In the entries below, every line that contains "Dropped" must be located and copied.

[Stored items]
........

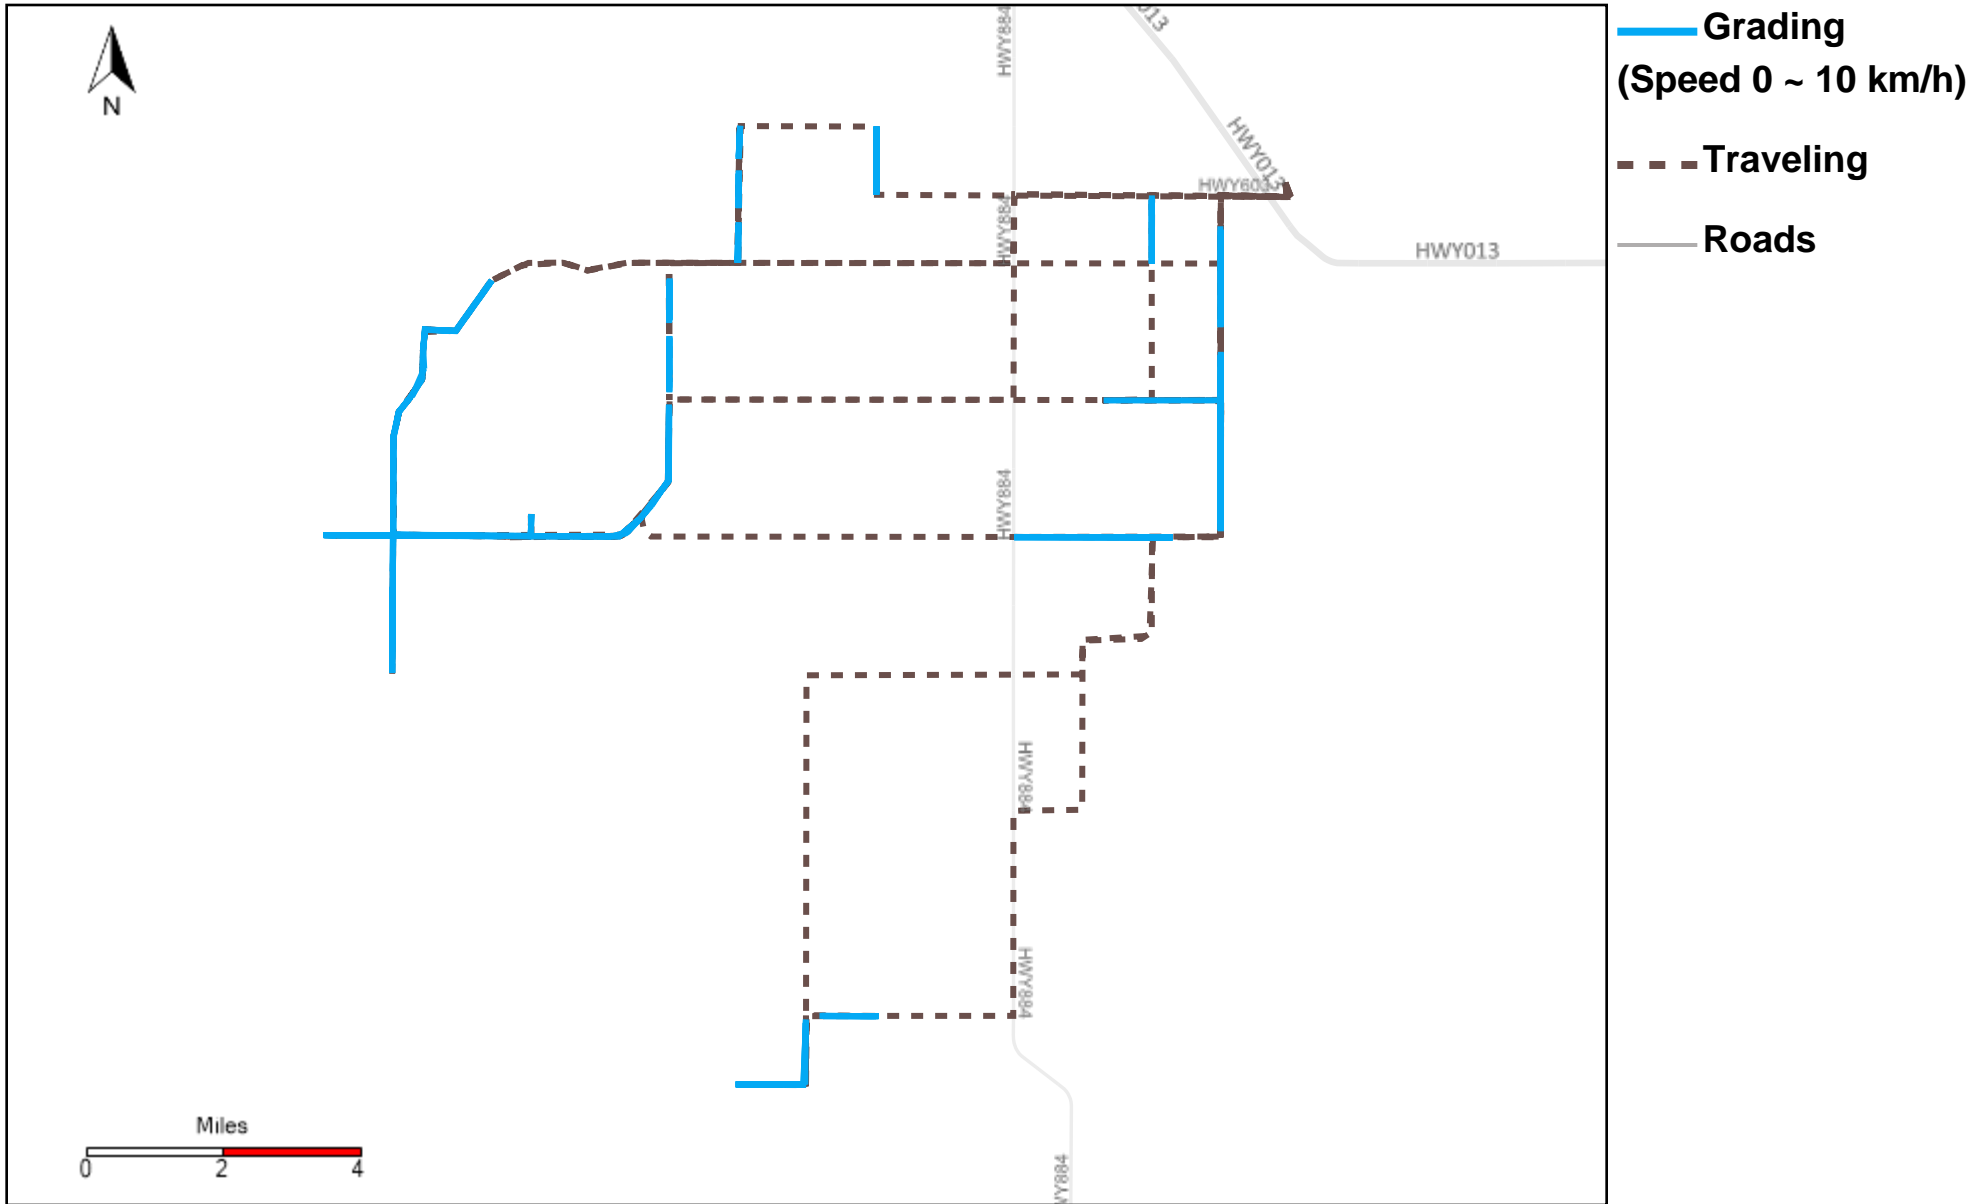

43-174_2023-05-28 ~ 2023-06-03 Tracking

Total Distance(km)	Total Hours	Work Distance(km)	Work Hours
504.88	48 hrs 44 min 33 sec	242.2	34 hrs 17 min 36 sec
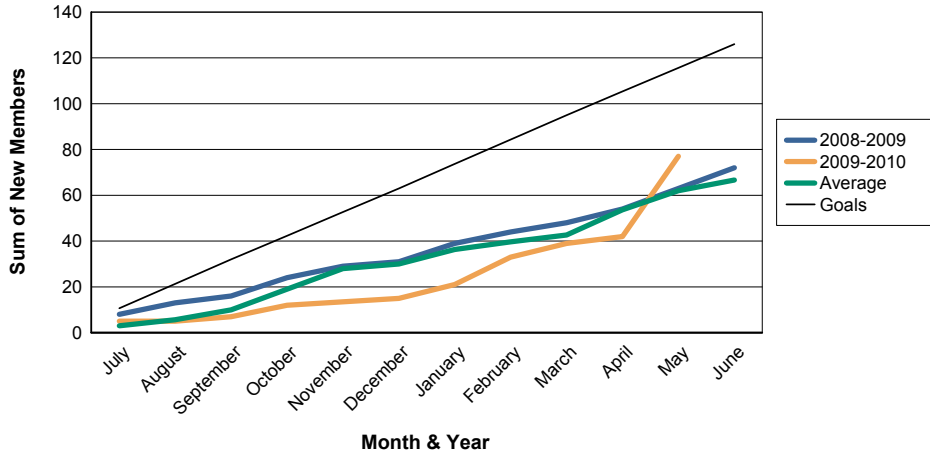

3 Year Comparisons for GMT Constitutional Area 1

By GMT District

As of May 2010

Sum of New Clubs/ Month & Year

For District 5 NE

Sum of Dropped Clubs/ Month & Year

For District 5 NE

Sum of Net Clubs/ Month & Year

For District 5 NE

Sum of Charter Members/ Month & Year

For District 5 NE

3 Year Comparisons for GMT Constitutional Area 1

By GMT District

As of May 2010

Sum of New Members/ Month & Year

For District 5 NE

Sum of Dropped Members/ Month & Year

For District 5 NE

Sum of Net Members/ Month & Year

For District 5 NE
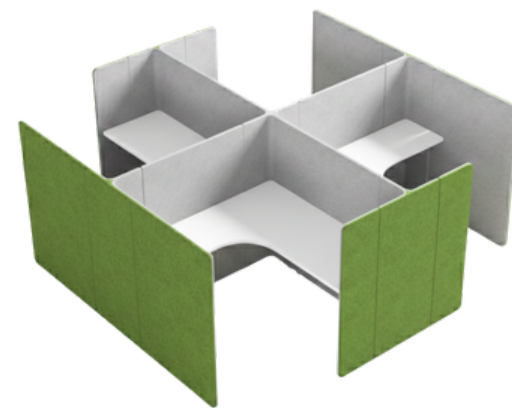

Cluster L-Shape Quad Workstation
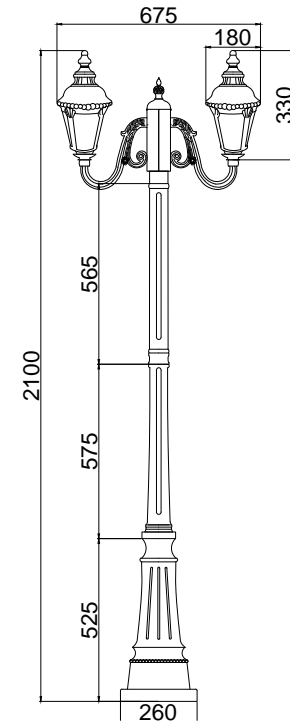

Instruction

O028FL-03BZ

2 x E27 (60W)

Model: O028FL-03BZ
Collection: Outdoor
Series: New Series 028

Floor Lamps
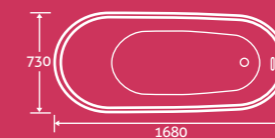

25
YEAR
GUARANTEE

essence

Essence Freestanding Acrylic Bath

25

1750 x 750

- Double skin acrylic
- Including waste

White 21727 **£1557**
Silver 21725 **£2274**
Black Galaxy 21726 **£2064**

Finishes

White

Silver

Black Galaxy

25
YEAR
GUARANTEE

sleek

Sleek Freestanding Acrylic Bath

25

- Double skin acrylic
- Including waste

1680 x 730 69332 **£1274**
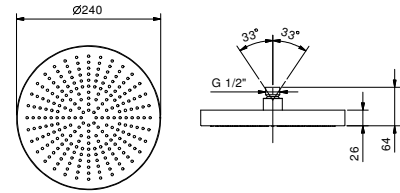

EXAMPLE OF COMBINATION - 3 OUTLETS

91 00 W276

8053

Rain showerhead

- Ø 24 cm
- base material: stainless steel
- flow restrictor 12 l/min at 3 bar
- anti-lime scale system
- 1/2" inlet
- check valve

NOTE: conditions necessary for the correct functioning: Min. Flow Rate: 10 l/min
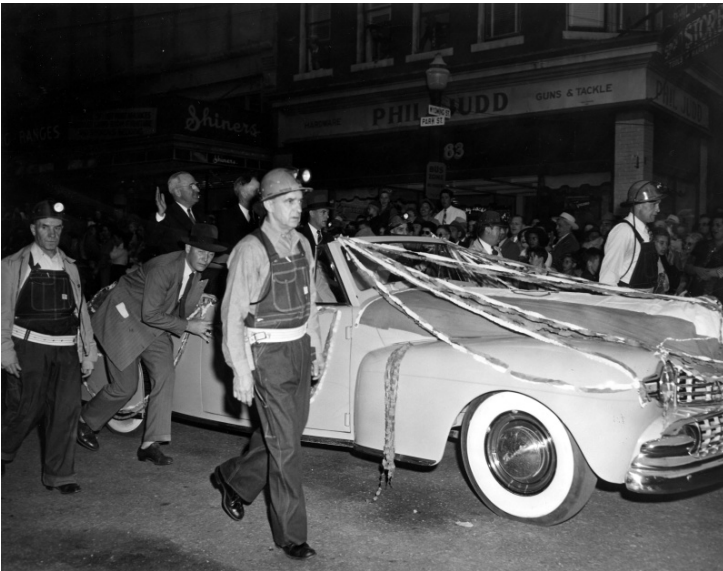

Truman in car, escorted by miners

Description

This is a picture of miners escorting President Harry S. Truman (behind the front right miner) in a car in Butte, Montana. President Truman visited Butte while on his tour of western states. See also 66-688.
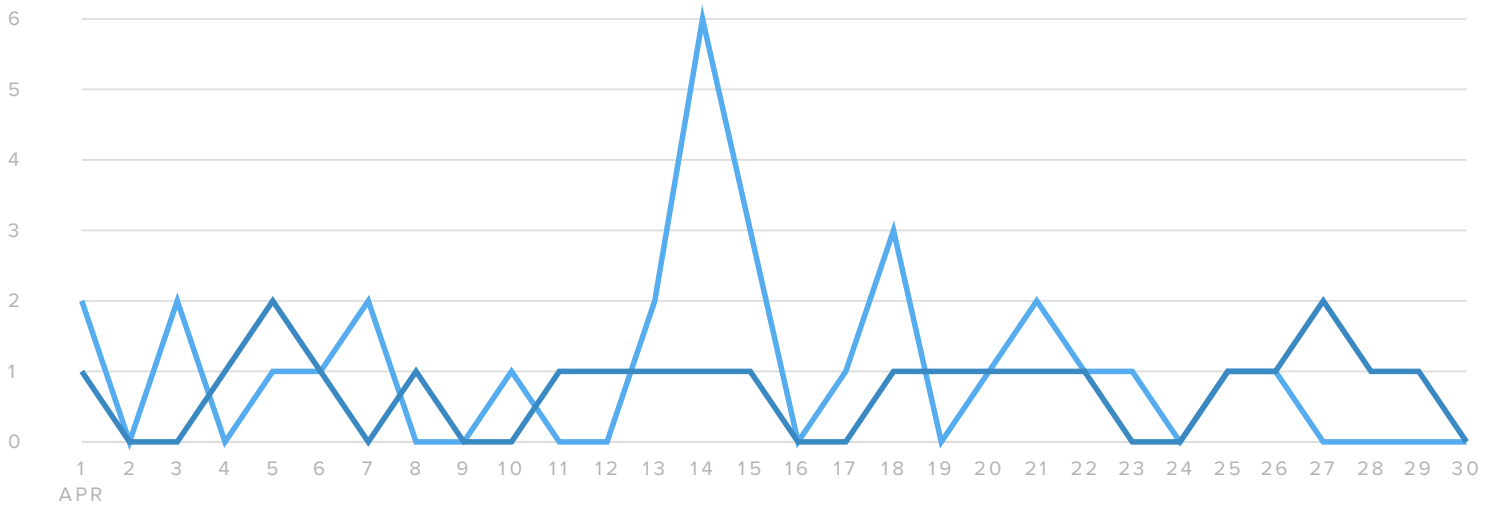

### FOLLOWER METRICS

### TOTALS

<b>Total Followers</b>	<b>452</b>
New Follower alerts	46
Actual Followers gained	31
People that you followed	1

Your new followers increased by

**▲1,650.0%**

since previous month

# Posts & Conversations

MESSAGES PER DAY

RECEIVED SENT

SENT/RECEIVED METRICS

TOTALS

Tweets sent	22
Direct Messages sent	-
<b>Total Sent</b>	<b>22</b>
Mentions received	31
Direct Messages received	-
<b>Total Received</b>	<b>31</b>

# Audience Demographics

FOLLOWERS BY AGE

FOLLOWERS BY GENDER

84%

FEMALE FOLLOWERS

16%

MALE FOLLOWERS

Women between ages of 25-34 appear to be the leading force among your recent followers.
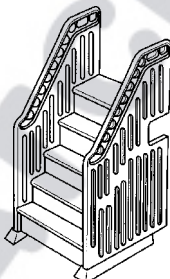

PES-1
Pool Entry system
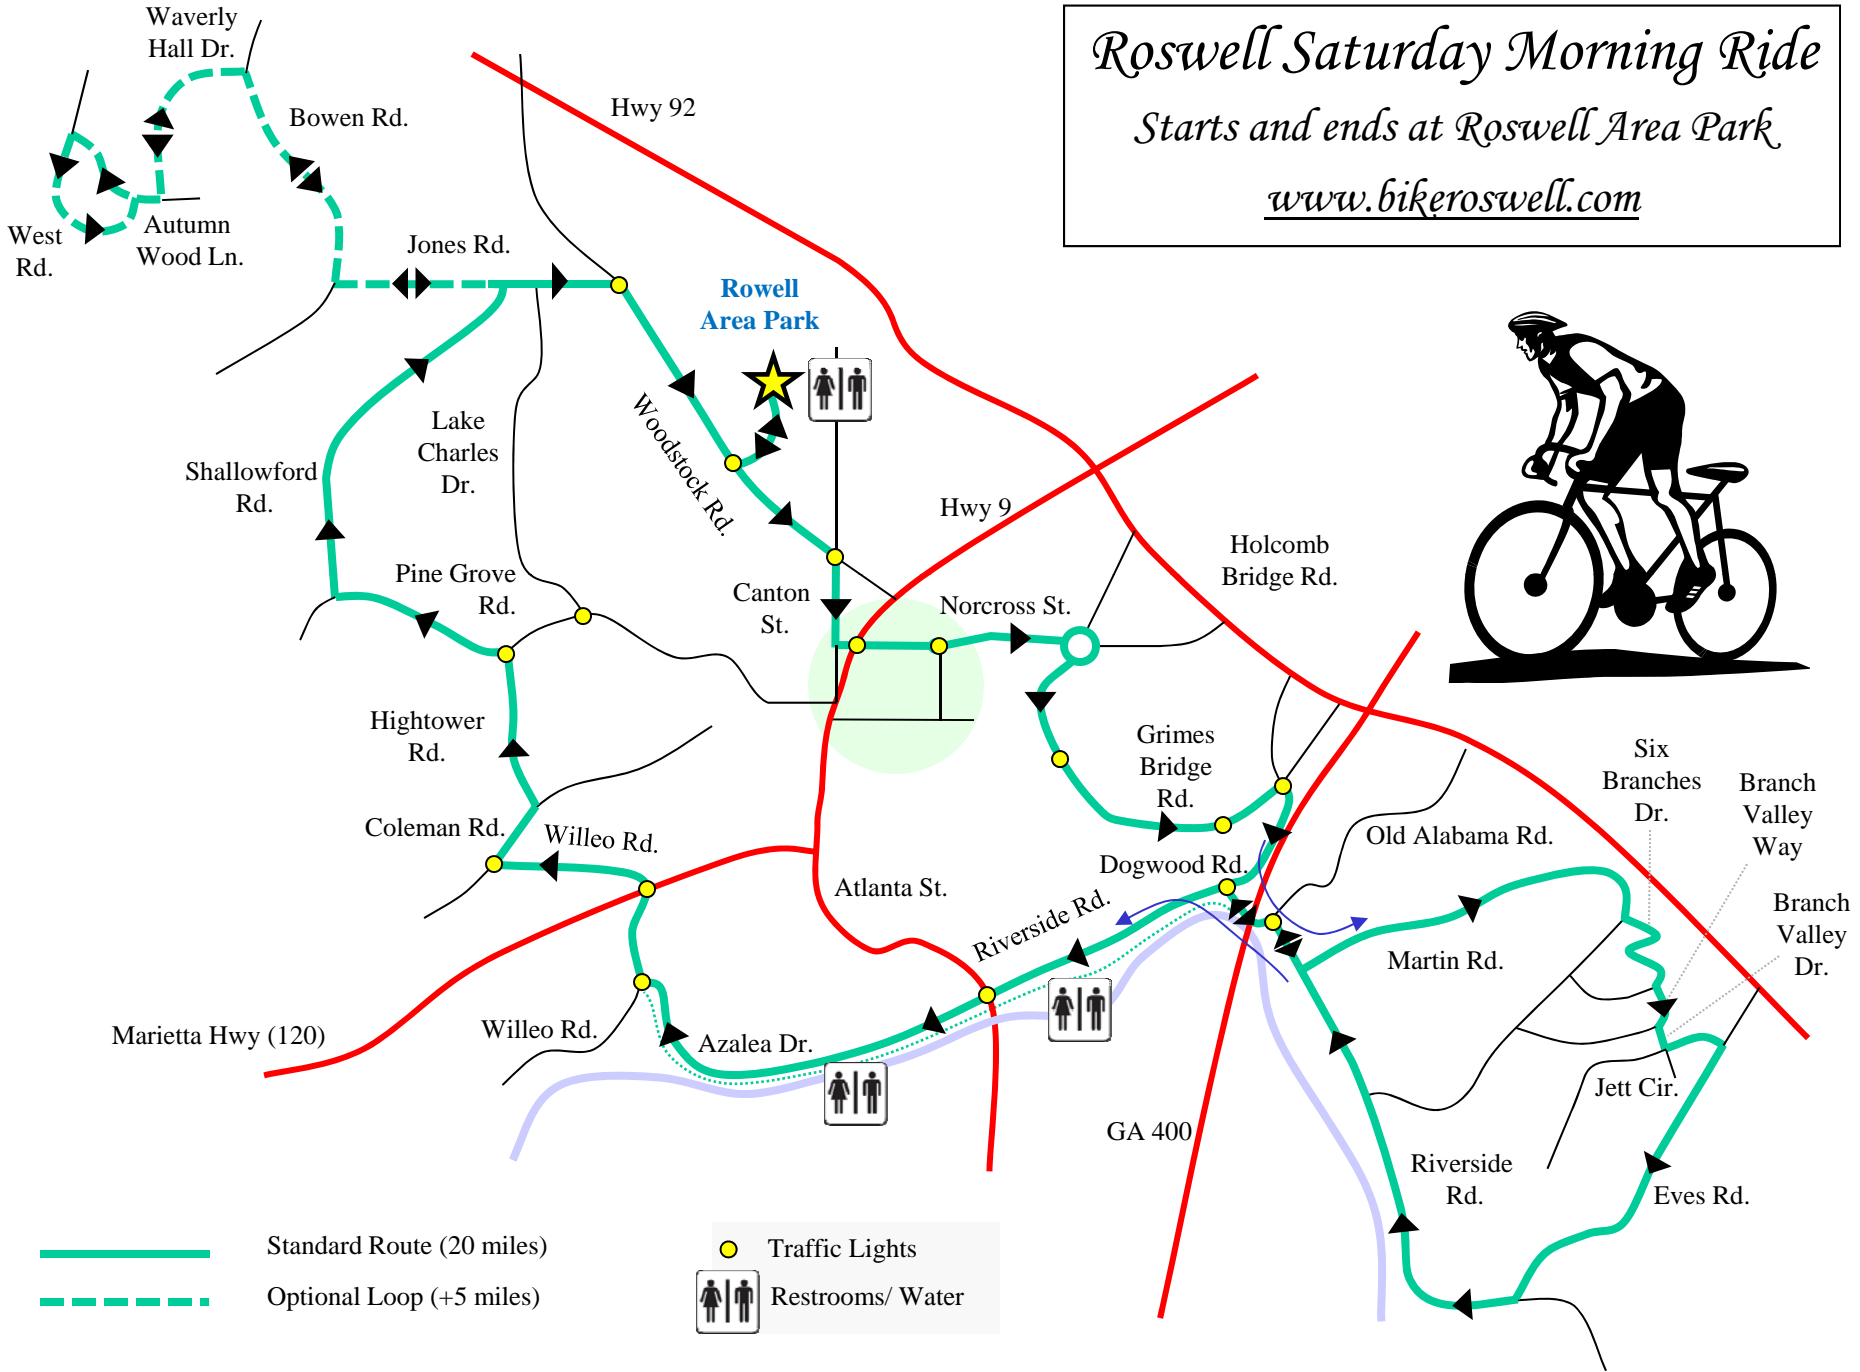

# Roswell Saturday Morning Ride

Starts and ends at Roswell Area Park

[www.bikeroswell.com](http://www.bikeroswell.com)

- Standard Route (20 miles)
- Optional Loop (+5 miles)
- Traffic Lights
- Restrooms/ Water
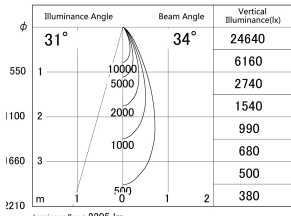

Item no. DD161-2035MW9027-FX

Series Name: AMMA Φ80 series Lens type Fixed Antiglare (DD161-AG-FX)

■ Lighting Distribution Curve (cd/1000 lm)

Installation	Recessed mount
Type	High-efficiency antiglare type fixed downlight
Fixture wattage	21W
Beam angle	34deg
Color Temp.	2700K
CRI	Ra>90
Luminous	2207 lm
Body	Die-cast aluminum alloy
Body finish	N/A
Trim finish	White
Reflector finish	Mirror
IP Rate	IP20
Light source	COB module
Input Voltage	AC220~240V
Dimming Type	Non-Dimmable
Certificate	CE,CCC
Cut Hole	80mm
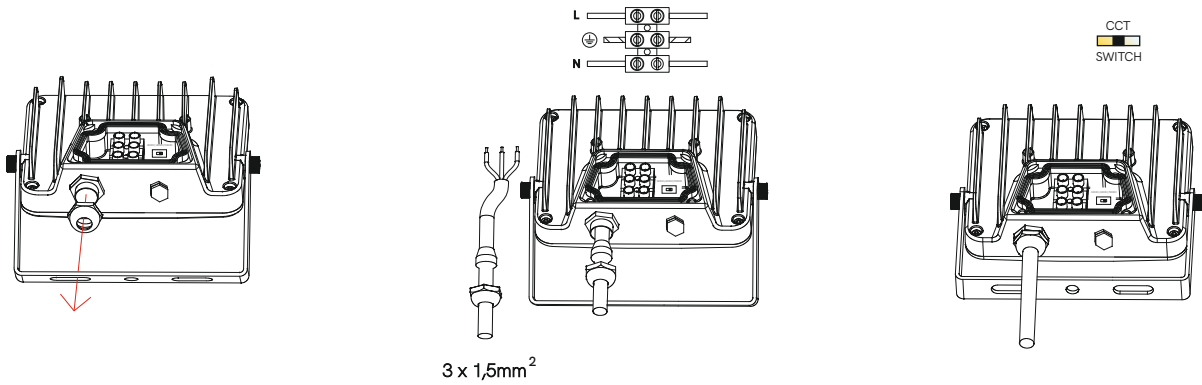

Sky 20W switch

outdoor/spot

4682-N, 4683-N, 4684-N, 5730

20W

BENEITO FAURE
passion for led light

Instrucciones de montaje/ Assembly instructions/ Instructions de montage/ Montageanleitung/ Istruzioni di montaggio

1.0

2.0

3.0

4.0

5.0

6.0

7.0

........

## Your solution
Sum of Dropped Clubs/ Month & Year
Sum of Dropped Members/ Month & Year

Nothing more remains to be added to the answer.